● **Work instruction**
Return, from the listing below, every line that includes "Standard".

################

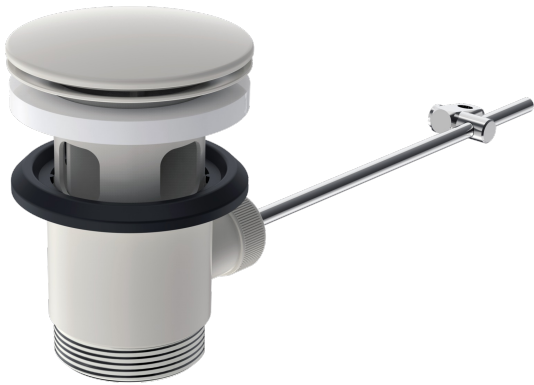

EAN: 4015474965270
static.hansa.com/59911443

- Umývadlo
- Príslušenstvo
- Biela

Technické údaje
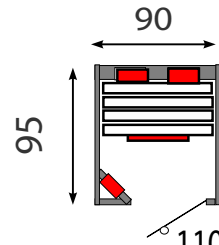

Modellreihe sanatherm® Infrarotkabinen

Standard 120

mini 90

Standard 140

Standard 110

Standard 160

twin 170

Profi L

Profi Eckeinstieg

Profi U

Skizzieren Sie Ihre persönlichen Wünsche

################

● **Worked solution**
Standard 120
Standard 140
Standard 110
Standard 160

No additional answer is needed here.